■ Task to carry out ■
For this exercise, print the listing below exactly, without its pictures.
--- Given information ---
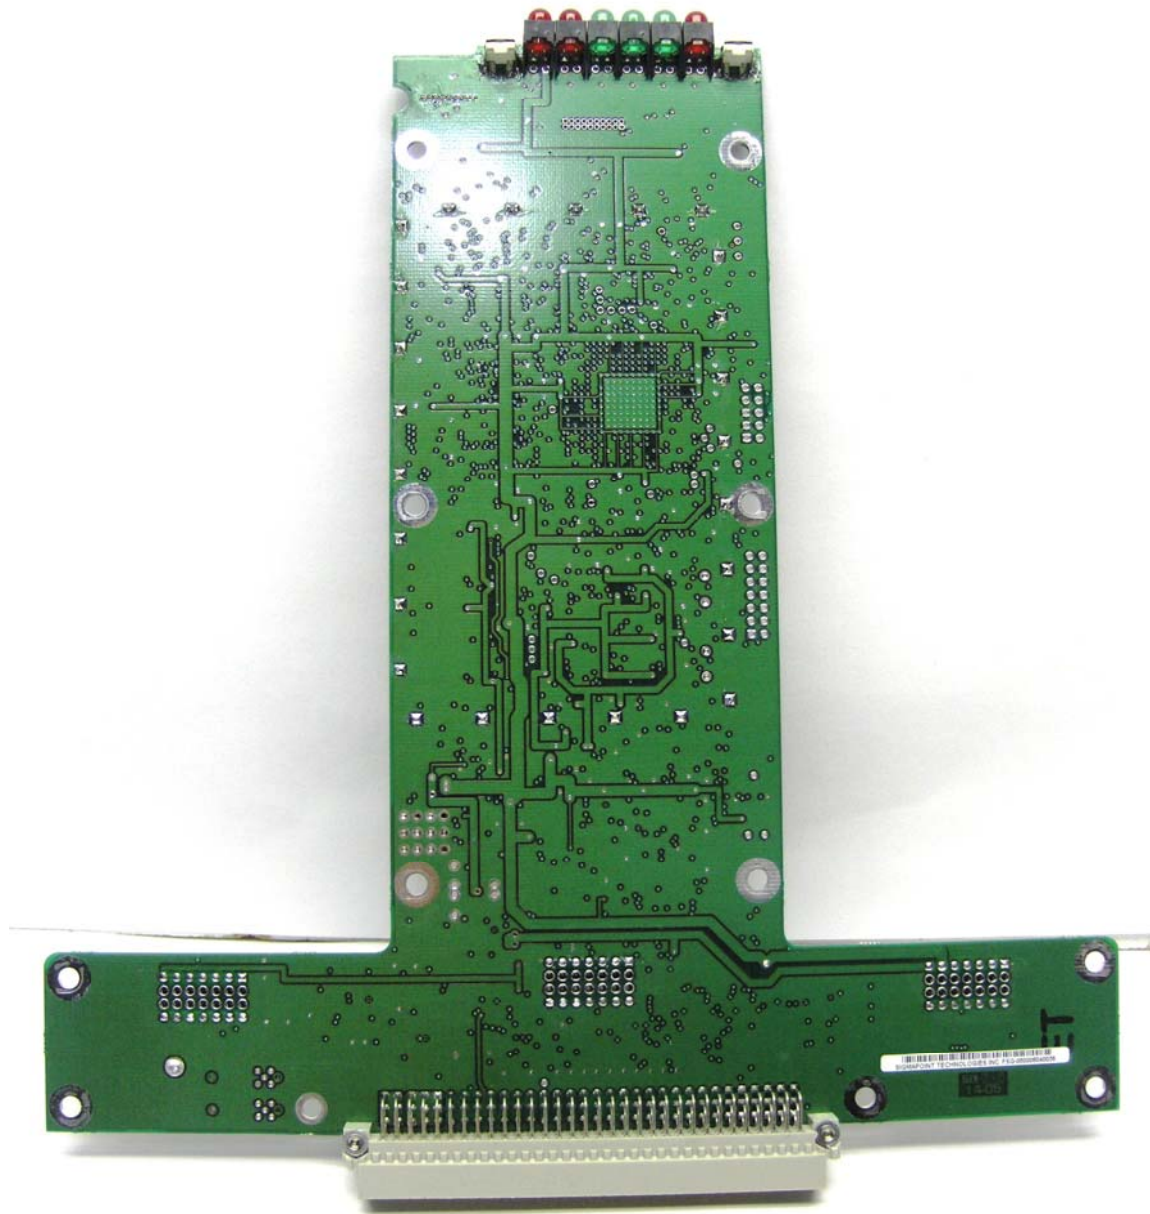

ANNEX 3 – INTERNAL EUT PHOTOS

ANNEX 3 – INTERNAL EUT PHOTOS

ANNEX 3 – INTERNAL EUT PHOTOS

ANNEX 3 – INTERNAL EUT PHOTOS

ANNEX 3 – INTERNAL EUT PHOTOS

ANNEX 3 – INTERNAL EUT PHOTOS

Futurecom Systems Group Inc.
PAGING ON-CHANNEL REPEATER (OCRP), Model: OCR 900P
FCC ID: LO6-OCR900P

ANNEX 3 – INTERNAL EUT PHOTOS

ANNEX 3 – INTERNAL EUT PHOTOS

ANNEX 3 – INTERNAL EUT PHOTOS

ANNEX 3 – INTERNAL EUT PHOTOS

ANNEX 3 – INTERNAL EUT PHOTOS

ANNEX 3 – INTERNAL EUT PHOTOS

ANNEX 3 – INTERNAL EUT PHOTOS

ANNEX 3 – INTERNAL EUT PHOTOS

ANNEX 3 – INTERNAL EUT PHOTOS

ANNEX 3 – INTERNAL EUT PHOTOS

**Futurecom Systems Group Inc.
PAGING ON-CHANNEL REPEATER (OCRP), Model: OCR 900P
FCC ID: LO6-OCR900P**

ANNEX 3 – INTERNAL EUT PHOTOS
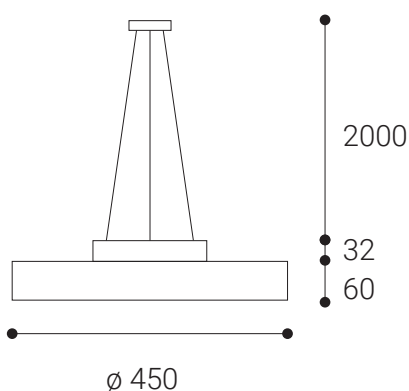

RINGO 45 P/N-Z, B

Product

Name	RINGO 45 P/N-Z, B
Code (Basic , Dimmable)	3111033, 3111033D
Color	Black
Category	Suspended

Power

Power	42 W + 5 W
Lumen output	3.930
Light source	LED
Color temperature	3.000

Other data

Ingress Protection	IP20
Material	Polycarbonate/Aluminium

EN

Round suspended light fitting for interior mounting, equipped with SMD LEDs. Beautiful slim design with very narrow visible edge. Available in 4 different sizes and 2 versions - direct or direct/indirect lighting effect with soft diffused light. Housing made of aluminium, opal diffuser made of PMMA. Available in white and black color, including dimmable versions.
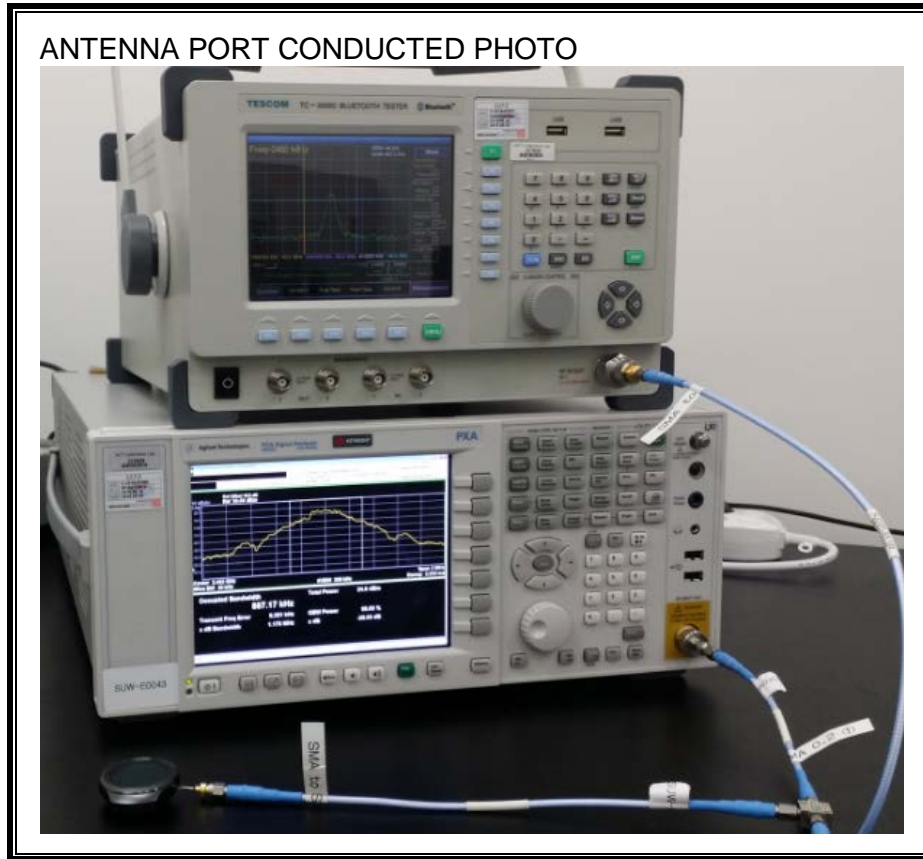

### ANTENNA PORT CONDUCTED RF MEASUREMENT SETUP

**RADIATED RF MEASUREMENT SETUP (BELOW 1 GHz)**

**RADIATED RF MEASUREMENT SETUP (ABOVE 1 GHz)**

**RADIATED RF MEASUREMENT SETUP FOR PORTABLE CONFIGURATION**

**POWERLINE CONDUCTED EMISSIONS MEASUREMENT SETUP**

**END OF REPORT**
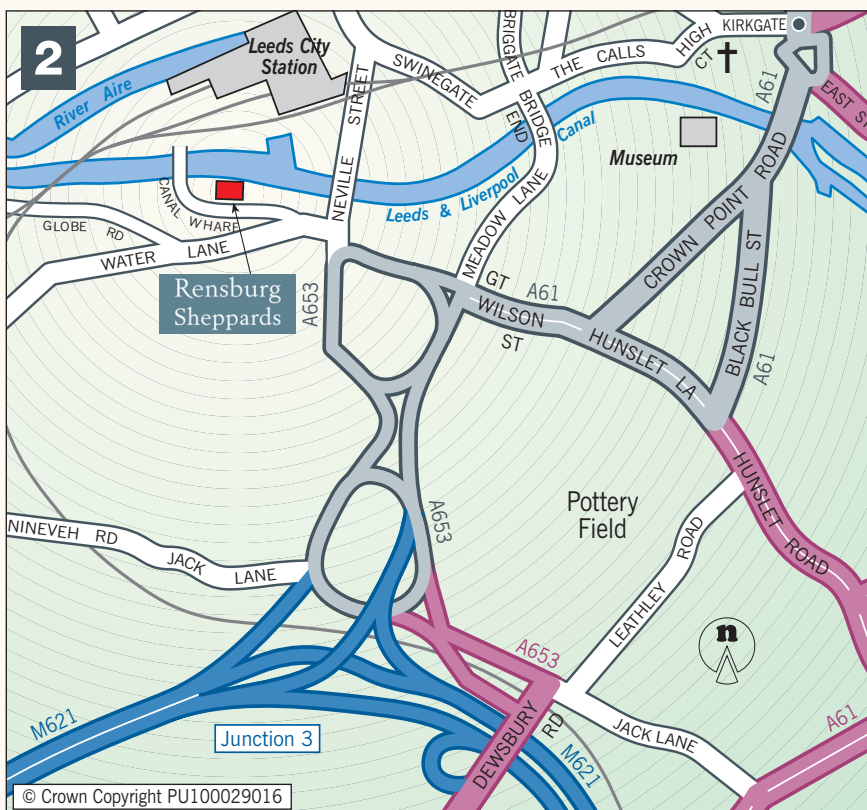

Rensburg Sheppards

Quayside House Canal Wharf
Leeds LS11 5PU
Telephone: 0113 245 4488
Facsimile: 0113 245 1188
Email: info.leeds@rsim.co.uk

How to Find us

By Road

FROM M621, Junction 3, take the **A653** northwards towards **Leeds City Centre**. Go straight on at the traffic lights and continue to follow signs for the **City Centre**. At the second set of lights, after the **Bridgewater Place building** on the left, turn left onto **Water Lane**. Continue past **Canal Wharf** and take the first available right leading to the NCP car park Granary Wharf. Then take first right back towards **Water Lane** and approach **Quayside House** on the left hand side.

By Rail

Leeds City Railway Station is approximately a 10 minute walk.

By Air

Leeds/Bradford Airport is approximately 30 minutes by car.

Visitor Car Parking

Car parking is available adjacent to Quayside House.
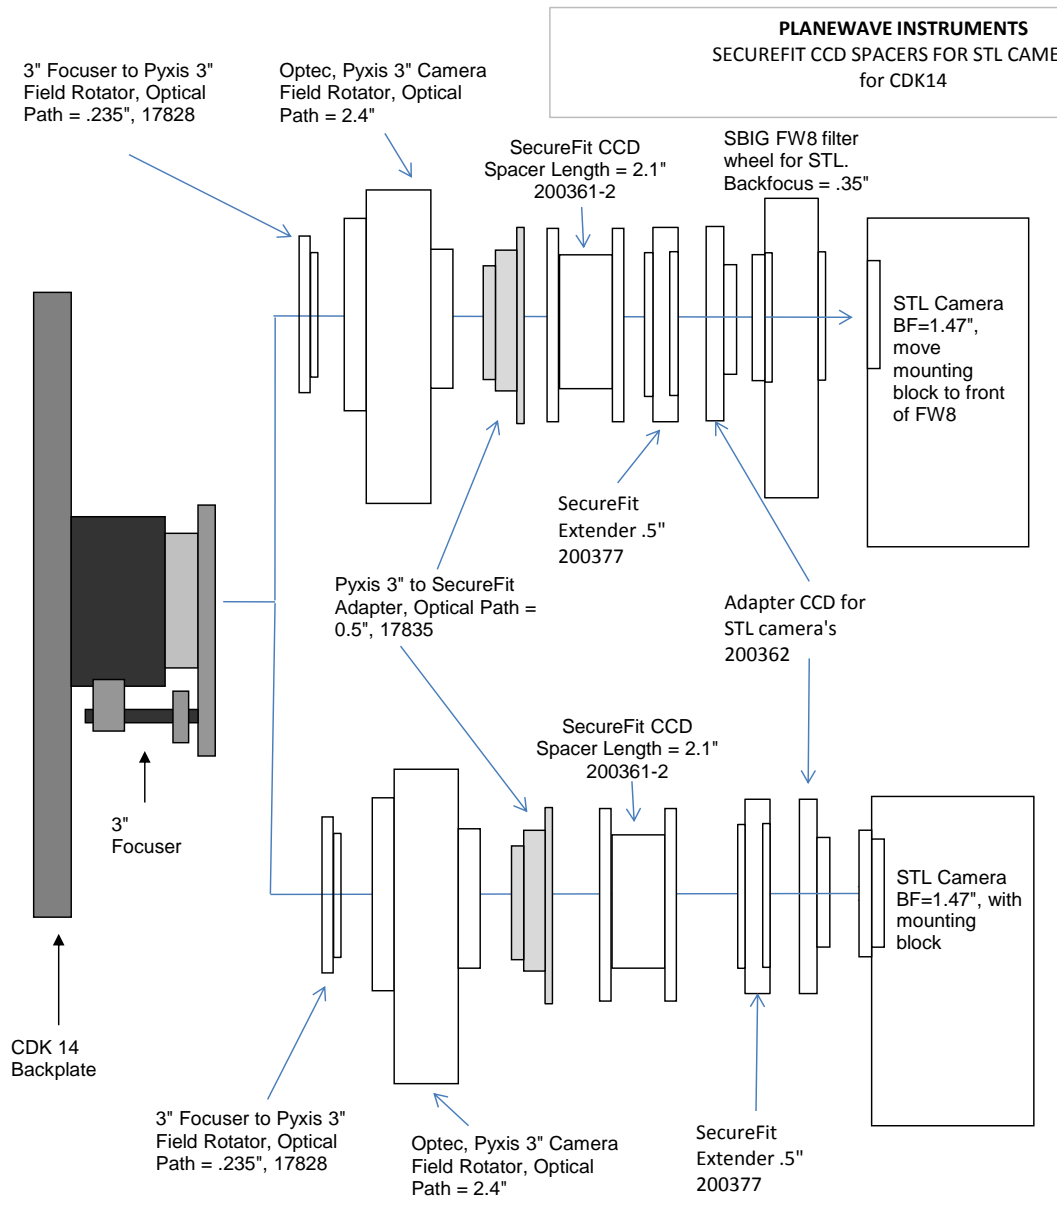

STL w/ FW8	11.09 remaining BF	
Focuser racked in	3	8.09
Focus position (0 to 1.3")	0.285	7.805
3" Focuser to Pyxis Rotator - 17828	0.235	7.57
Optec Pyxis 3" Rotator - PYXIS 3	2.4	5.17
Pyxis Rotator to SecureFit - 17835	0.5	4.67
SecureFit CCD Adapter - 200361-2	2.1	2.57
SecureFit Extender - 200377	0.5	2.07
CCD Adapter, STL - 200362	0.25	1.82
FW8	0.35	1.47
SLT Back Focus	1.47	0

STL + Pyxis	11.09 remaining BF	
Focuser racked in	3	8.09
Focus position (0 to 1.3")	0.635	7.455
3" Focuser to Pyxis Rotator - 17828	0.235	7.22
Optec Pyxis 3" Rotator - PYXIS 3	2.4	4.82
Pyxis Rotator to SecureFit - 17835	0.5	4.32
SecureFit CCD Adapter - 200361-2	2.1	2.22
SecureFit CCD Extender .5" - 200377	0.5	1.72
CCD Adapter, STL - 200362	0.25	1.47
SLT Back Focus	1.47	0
---
■ Reply to the exercise ■
ANNEX 3 – INTERNAL EUT PHOTOS

ANNEX 3 – INTERNAL EUT PHOTOS

ANNEX 3 – INTERNAL EUT PHOTOS

ANNEX 3 – INTERNAL EUT PHOTOS

ANNEX 3 – INTERNAL EUT PHOTOS

ANNEX 3 – INTERNAL EUT PHOTOS

Futurecom Systems Group Inc.
PAGING ON-CHANNEL REPEATER (OCRP), Model: OCR 900P
FCC ID: LO6-OCR900P

ANNEX 3 – INTERNAL EUT PHOTOS

ANNEX 3 – INTERNAL EUT PHOTOS

ANNEX 3 – INTERNAL EUT PHOTOS

ANNEX 3 – INTERNAL EUT PHOTOS

ANNEX 3 – INTERNAL EUT PHOTOS

ANNEX 3 – INTERNAL EUT PHOTOS

ANNEX 3 – INTERNAL EUT PHOTOS

ANNEX 3 – INTERNAL EUT PHOTOS

ANNEX 3 – INTERNAL EUT PHOTOS

ANNEX 3 – INTERNAL EUT PHOTOS

**Futurecom Systems Group Inc.
PAGING ON-CHANNEL REPEATER (OCRP), Model: OCR 900P
FCC ID: LO6-OCR900P**

ANNEX 3 – INTERNAL EUT PHOTOS

RINGO 45 P/N-Z, B

Product

Name	RINGO 45 P/N-Z, B
Code (Basic , Dimmable)	3111033, 3111033D
Color	Black
Category	Suspended

Power

Power	42 W + 5 W
Lumen output	3.930
Light source	LED
Color temperature	3.000

Other data

Ingress Protection	IP20
Material	Polycarbonate/Aluminium

EN

Round suspended light fitting for interior mounting, equipped with SMD LEDs. Beautiful slim design with very narrow visible edge. Available in 4 different sizes and 2 versions - direct or direct/indirect lighting effect with soft diffused light. Housing made of aluminium, opal diffuser made of PMMA. Available in white and black color, including dimmable versions.

### ANTENNA PORT CONDUCTED RF MEASUREMENT SETUP

**RADIATED RF MEASUREMENT SETUP (BELOW 1 GHz)**

**RADIATED RF MEASUREMENT SETUP (ABOVE 1 GHz)**

**RADIATED RF MEASUREMENT SETUP FOR PORTABLE CONFIGURATION**

**POWERLINE CONDUCTED EMISSIONS MEASUREMENT SETUP**

**END OF REPORT**

Rensburg Sheppards

Quayside House Canal Wharf
Leeds LS11 5PU
Telephone: 0113 245 4488
Facsimile: 0113 245 1188
Email: info.leeds@rsim.co.uk

How to Find us

By Road

FROM M621, Junction 3, take the **A653** northwards towards **Leeds City Centre**. Go straight on at the traffic lights and continue to follow signs for the **City Centre**. At the second set of lights, after the **Bridgewater Place building** on the left, turn left onto **Water Lane**. Continue past **Canal Wharf** and take the first available right leading to the NCP car park Granary Wharf. Then take first right back towards **Water Lane** and approach **Quayside House** on the left hand side.

By Rail

Leeds City Railway Station is approximately a 10 minute walk.

By Air

Leeds/Bradford Airport is approximately 30 minutes by car.

Visitor Car Parking

Car parking is available adjacent to Quayside House.

STL w/ FW8	11.09 remaining BF	
Focuser racked in	3	8.09
Focus position (0 to 1.3")	0.285	7.805
3" Focuser to Pyxis Rotator - 17828	0.235	7.57
Optec Pyxis 3" Rotator - PYXIS 3	2.4	5.17
Pyxis Rotator to SecureFit - 17835	0.5	4.67
SecureFit CCD Adapter - 200361-2	2.1	2.57
SecureFit Extender - 200377	0.5	2.07
CCD Adapter, STL - 200362	0.25	1.82
FW8	0.35	1.47
SLT Back Focus	1.47	0

STL + Pyxis	11.09 remaining BF	
Focuser racked in	3	8.09
Focus position (0 to 1.3")	0.635	7.455
3" Focuser to Pyxis Rotator - 17828	0.235	7.22
Optec Pyxis 3" Rotator - PYXIS 3	2.4	4.82
Pyxis Rotator to SecureFit - 17835	0.5	4.32
SecureFit CCD Adapter - 200361-2	2.1	2.22
SecureFit CCD Extender .5" - 200377	0.5	1.72
CCD Adapter, STL - 200362	0.25	1.47
SLT Back Focus	1.47	0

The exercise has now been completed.